*What to do:* Check every line of the entries for the string "Zavírače" and return the ones that contain it.
◆ ◆ ◆ ◆
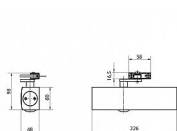

GEZE TS 2000 NV/BC bílé tělo bez ramínka 124946

» DVEŘNÍ KOVÁNÍ » ZAVÍRAČE » Zavírače

Dodavatelské číslo	124946
Značka	GEZE
Kód produktu	06340-0120
Balení	1 Ks

GEZE TS 2000 NV je ramenný horní zavírač pro jednokřídlé dveře.

Zavírač je určený pro dveřní křídlo o max. šířce 1250 mm a max. hmotnosti 100 kg.

Umožňuje montáž na stranu pantů i stranu opačnou.

Nerozlišuje pravé a levé dveře. Použitelný pro vstupní dveře.

PROTIPOŽÁRNÍ POUZE PŘI POUŽITÍ KLASICKÉHO RAMÍNKÁ BEZ ARETACE !!!

Základní informace

Rozměry těla: 226 x 60 x 48 (d x v x h)

Nastavitelná síla zavírání vel. 2/4/5 dle EN 1154

Nastavitelná rychlost zavírání

Nastavitelný koncový doklap

Účinnost zavírání od 180°

Rameno pro přesah zárubeň / křídlo - max. 70 mm

Prodloužené rameno pro přesah zárubeň / křídlo max. 170 mm

Varianty

Bez aretace - PROTIPOŽÁRNÍ

S aretací nastavitelnou v rozsahu 75°-150° - **NELZE POUŽÍT NA PROTIPOŽÁRNÍCH DVEŘÍCH**

Základní barvy

Stříbrná (EV1)

Tmavě hnědá (tmavý bronz)

Bílá (RAL 9016)

Značení

BC (z anglického Back Check) u dveřních zavíračů GEZE TS 2000 znamená integrované hydraulické tlumení otevírání.

Tato funkce zabraňuje nárazu otevřených dveří do zdi či překážky při prudkém otevření, například vlivem větru, a zvyšuje tak bezpečnost a ochranu dveřní konstrukce.

Klíčové vlastnosti BC u GEZE:

Funkce: Zpomaluje dveře v konečné fázi otevírání (obvykle od cca 80°-90°).

Nastavitelnost: U modelů GEZE TS 2000 VBC nebo NV BC je tlumení nastavitelné.

Výhody: Ochrana dveří, zárubní a okolních zdí.

Zavírače s tímto označením jsou ideální pro venkovní dveře nebo dveře na chodbách, kde hrozí průvan
◆ ◆ ◆ ◆
*Output for this task:*
» DVEŘNÍ KOVÁNÍ » ZAVÍRAČE » Zavírače
Zavírače s tímto označením jsou ideální pro venkovní dveře nebo dveře na chodbách, kde hrozí průvan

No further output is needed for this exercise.